In Search of E15’s Next Summertime Solution

The U.S. Supreme Court’s decision to not review last summer’s D.C. Circuit Court of Appeals ruling that invalidated the Trump EPA’s solution for summertime E15 was disappointing but instructive. While the high court’s disinterest closes the door on the ultimate legal solution for uninterrupted E15 access, it also clarifies our remaining options: either the EPA or Congress must act.

As we report in “The Quest to Stop E15’s Summertime Shutdown,” on page 14, our industry’s trade groups—Growth Energy, the Renewable Fuels Association and the American Coalition for Ethanol—all agree that a legislative fix to E15’s summer prohibition—at least in areas of the country using conventional gasoline—would be ideal. Bipartisan legislation introduced in both houses of Congress last year could, if revived, deliver a “blanket solution” for year-round E15. But as the story explains, resurrecting and advancing such a bill in the current Congress would be not only slow and difficult, but risky.

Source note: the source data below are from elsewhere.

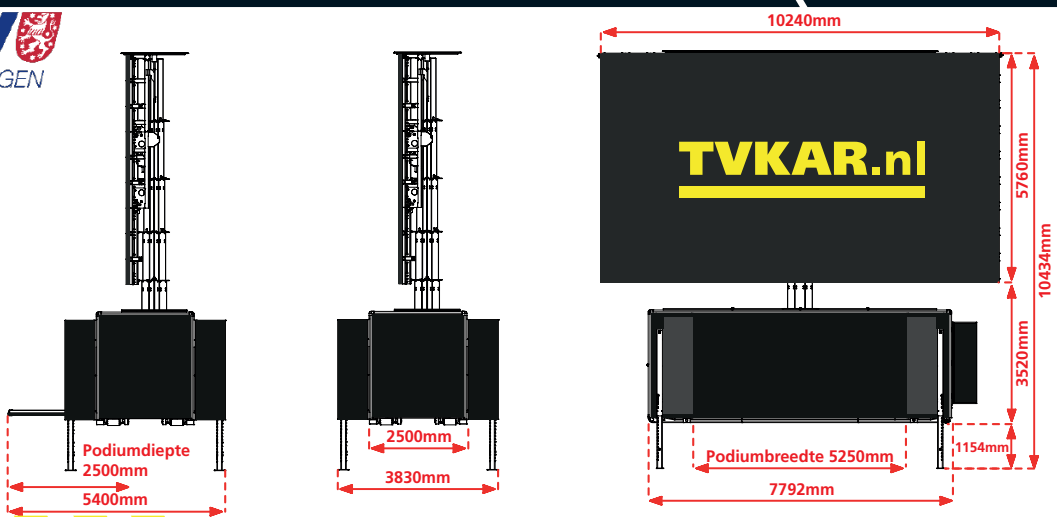

SCHERM

- Formaat display: 1024 \ 576 cm. (b \ h)
- Verhouding display: 16 \ 9
- Resolutie display: 1344 \ 756 px (b \ h)
- Pitch: 7 mm SMD
- Kijkafstand: min. 10 m. \ max. 300 m.
- Kijkhoek: 150° hor. \ 120° vert.
- Lichtsterkte wordt automatisch geregeld

ALGEMEEN

- Installatietijd: ± 60 minuten
- Afm. container: 780 \ 400 \ 286 cm. (l \ b \ h)
- Maximale hoogte: 928 cm (1045 cm op poten)
- Gewicht: 18000 kg. (container)
- Scherm kan 360 graden gedraaid worden
- Stroominput: 400V 125A Ceeform
- Stroomverbruik: 53KW max, 18KW gem.

AFMETINGEN
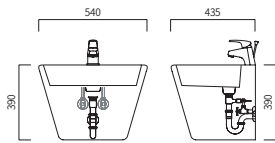

일체형 세면기

PB-231H (W)540 x (D)435 x (H)390

Both E10 and E15, when made with conventional gasoline, have Reid vapor pressures (RVP) that can narrowly exceed federal limits (by less than 1-pound psi) in warm weather months. The 1990 Clean Air Act granted E10 a 1-pound waiver from the government’s RVP cap (i.e., “RVP relief”) but the historic environmental bill did not give the same allowance to E15, which wasn’t sold at the time. Two years ago, with retail interest in E15 growing, everything changed when the EPA decided on its own that both E10 and E15 were deserving of RVP relief. Big Oil complained. The courts listened. And the agency’s unilateral E15 solution under Trump was deemed an overreach and invalidated last summer. Now, with E15 banned from summertime use in many areas of the country from June 1 through September 15, the industry has only a few months to figure something out.

Admitting that a legislative fix is a heavy lift in the near-term, E15 proponents are leaning toward more plausible regulatory solutions. But whereas a legislative fix would extend the 1-pound RVP waiver to E15, the regulatory proposals being floated would get rid of the waiver altogether.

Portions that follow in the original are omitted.